MIPDOC: Australian public broadcaster ABC aims to bring down the average age of the audience for its flagship channel ABC1 with more targeted commissions and acquisitions.

Alison Baker, senior acquisitions manager non-fiction at ABC, told C21 that the network is keen to attract a younger family audience to the channel.

She said: “Traditionally ABC1 is skewed older, mainly over-55s. We’re aiming for 35- to 49-year-olds and families with children up to the age of about 15. The key is not to acquire programming that alienates that traditional older core audience.

“We’re looking for high-end, high-rating factual series for primetime. We’re looking for presenter-led history, science and travel. We want powerful singles and smart entertainment, and maybe a panel show. We’re not looking for more traditional history and science shows that don’t have a presenter or some kind of hook, and we’re not looking for natural history that is not blue-chip.”

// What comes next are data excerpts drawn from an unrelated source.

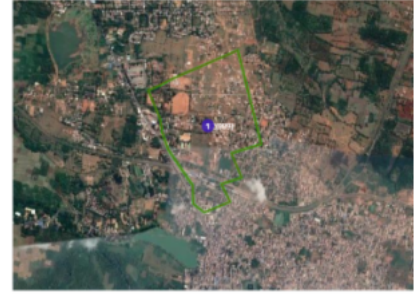

Nazri Naksha

Google Map View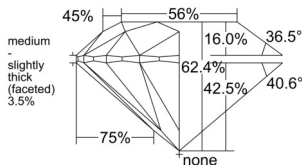

GIA®

FACSIMILE

GIA REPORT

7543146233

Verify this report at GIA.edu

GIA NATURAL DIAMOND DOSSIER®

December 04, 2025
GIA Report Number 7543146233
Shape and Cutting Style ..... Round Brilliant
Measurements ..... 5.19 - 5.22 x 3.25 mm

GRADING RESULTS

Carat Weight ..... 0.54 carat
Color Grade ..... H
Clarity Grade VVS1
Cut Grade ..... Excellent

ADDITIONAL GRADING INFORMATION

Polish ..... Excellent
Symmetry ..... Excellent
Fluorescence ..... Faint
Clarity Characteristics ..... Pinpoint, Feather
Inscription(s): GIA 7543146233

PROPORTIONS

Profile to actual proportions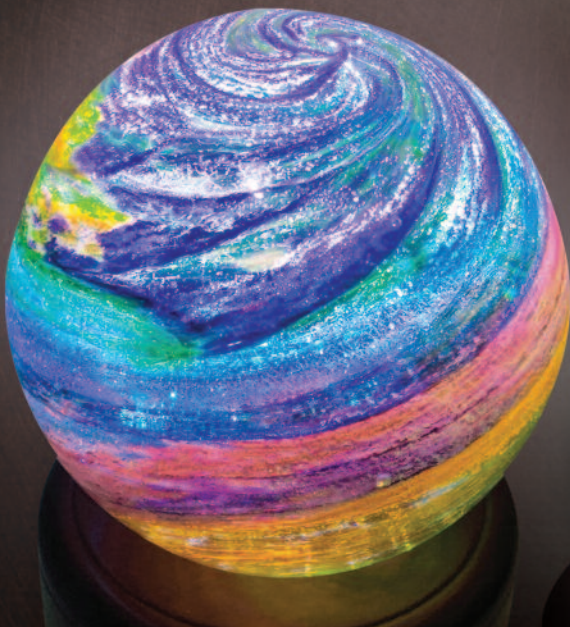

Standing Forever Heart 96-015 $239

Keep your loved ones close to your heart forever with this attractive free-standing memorial.

Approximately 2.75" Wide
Standing Forever Heart
Shown in Infinity.

Side flattened to allow heart to stand freely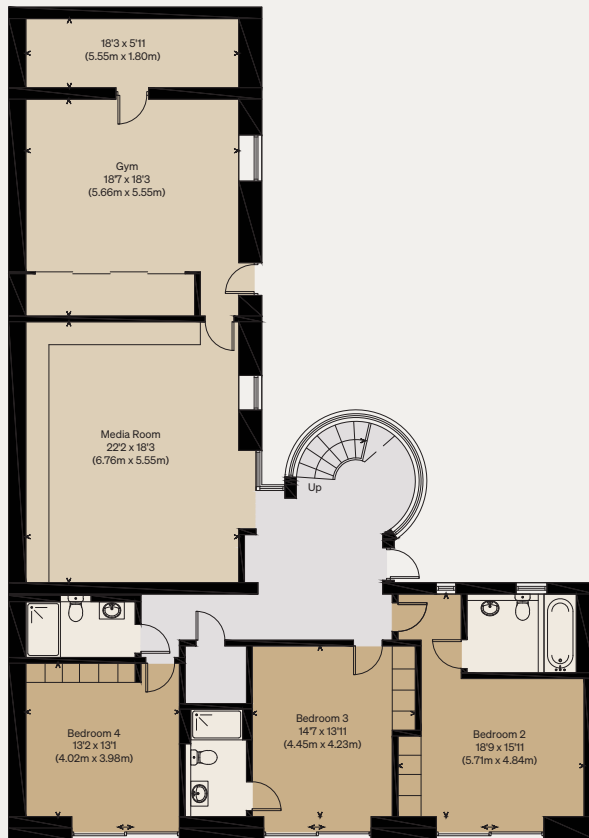

THE MODERN HOUSE

Hermitage Farm

HIGH HURSTWOOD, EAST SUSSEX

Approximate Floor Area

House Internal Area= 391.0 sq m / 4204 sq ft

Carport & External C/B Internal Area = 31.0 sq m / 334 sq ft

Recording Studio Internal Area = 44.0 sq m / 472 sq ft

Total = 465.0 sq m / 5010 sq ft

Illustration for identification purposes only,
measurements are approximate, not to scale

LOWER GROUND FLOOR

GROUND FLOOR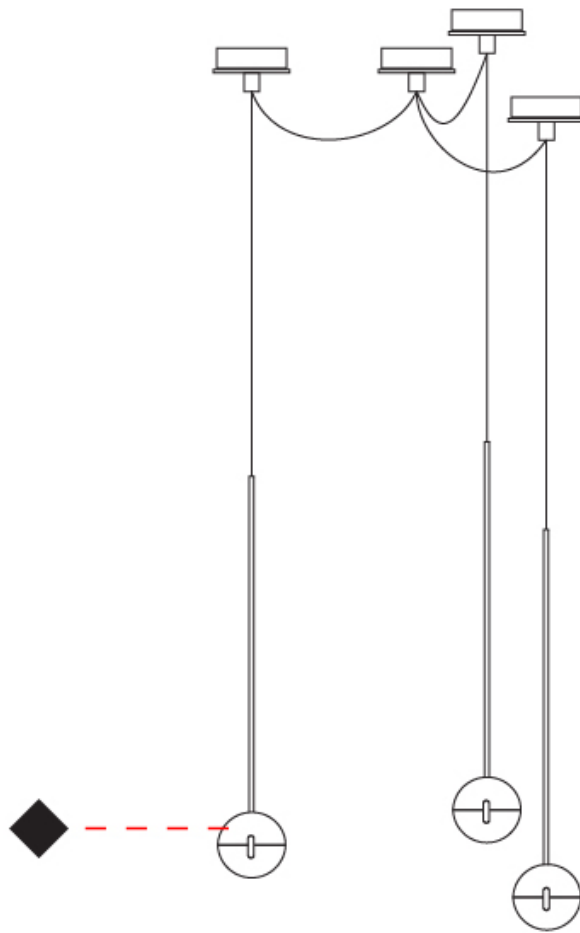

D31018-

PROJECT

TYPE

SPECIFIER

QUANTITY

DATE

D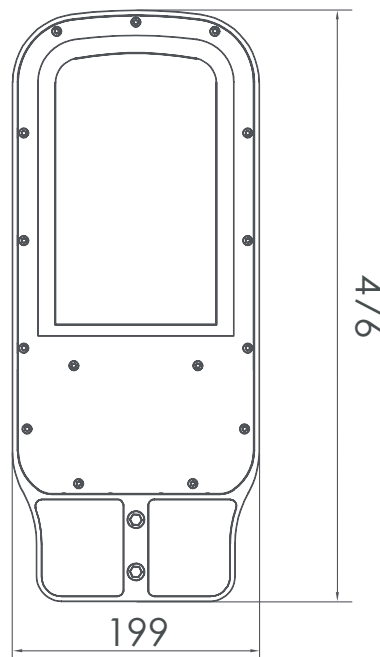

CITYLIGHT 80W - 12/24V DC

80W LED
DC 12/24V
10400 LUMENS
CRI ≥70
IP66
PF >0,9
>130lm/W

CHARACTERISTICS:

Power	Voltage	Luminous Flux	Beam Angle
80 W	12/24V DC	10 400Lumens	115°
Energetic Class	Lifespan	Dimensions	
A+	100 000 h+	476 mm x 199 mm x 61 mm	

TO ORDER:

References	Bar code	Colours temperatures
E080A0B1-12V	6193102801614	Cold white 6 500k
E080B0B1-24V	6193102801521	Cold white 6 500k

Series
LED SMD

Key sales opportunities also exist at the network’s younger-skewing channel ABC2 where long-running factual entertainment series and “immersive” content like Louis Theroux’s programmes are in demand, according to Baker.

Earlier Baker told delegates at MipDoc she would loved to have acquired David Attenborough’s natural history series Madagascar for ABC1, while reality series Don’t Tell The Bride and Werner Herzog’s four-parter Death Row doc would have done well on ABC2.

She added: “For ABC, the national broadcaster, funded by the tax payer, budgets are always a concern for us and they’re very tightly controlled. We need to find enough good content that will appeal to an Australian audience that falls within our budgets.”